Only these lines of the data below are wanted: the one with "DESIGN FRANCESCO GOBBI", the one with "PORTE TV AVEC", and any lines between them, each repeated exactly.

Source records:
------------------------------------
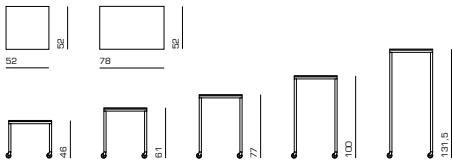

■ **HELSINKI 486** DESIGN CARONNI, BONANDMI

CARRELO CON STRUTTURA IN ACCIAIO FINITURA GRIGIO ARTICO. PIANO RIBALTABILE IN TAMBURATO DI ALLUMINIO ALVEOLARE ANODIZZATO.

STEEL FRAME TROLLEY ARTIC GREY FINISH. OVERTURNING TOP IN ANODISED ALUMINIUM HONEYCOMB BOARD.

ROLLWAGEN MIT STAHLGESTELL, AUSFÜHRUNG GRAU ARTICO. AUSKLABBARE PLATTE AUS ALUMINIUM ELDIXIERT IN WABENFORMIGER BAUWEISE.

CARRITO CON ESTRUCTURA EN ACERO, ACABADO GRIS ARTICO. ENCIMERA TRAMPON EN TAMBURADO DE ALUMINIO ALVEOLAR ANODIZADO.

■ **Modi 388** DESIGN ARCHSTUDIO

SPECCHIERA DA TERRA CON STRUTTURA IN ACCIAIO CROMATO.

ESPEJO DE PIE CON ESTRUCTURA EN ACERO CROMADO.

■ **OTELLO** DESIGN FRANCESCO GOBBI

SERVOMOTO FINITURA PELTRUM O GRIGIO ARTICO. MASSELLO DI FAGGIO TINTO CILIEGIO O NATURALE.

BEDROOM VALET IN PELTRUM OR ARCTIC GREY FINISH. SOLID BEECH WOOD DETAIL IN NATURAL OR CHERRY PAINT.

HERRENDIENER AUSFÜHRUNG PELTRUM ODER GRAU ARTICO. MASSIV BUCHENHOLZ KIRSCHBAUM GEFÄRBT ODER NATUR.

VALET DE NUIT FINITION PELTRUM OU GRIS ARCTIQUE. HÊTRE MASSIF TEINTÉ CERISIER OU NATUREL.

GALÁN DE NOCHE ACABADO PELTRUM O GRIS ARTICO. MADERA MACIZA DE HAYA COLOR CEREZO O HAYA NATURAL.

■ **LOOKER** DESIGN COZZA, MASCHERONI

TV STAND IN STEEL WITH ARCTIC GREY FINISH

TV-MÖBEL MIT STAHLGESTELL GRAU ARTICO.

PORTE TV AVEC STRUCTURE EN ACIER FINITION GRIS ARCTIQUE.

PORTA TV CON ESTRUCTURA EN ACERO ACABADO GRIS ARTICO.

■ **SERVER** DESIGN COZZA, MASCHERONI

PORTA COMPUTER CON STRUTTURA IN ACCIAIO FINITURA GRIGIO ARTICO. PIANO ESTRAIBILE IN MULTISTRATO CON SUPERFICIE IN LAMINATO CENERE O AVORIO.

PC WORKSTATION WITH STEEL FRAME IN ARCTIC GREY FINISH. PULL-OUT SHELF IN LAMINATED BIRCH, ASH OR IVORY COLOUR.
------------------------------------
Task output:
■ **OTELLO** DESIGN FRANCESCO GOBBI

SERVOMOTO FINITURA PELTRUM O GRIGIO ARTICO. MASSELLO DI FAGGIO TINTO CILIEGIO O NATURALE.

BEDROOM VALET IN PELTRUM OR ARCTIC GREY FINISH. SOLID BEECH WOOD DETAIL IN NATURAL OR CHERRY PAINT.

HERRENDIENER AUSFÜHRUNG PELTRUM ODER GRAU ARTICO. MASSIV BUCHENHOLZ KIRSCHBAUM GEFÄRBT ODER NATUR.

VALET DE NUIT FINITION PELTRUM OU GRIS ARCTIQUE. HÊTRE MASSIF TEINTÉ CERISIER OU NATUREL.

GALÁN DE NOCHE ACABADO PELTRUM O GRIS ARTICO. MADERA MACIZA DE HAYA COLOR CEREZO O HAYA NATURAL.

■ **LOOKER** DESIGN COZZA, MASCHERONI

TV STAND IN STEEL WITH ARCTIC GREY FINISH

TV-MÖBEL MIT STAHLGESTELL GRAU ARTICO.

PORTE TV AVEC STRUCTURE EN ACIER FINITION GRIS ARCTIQUE.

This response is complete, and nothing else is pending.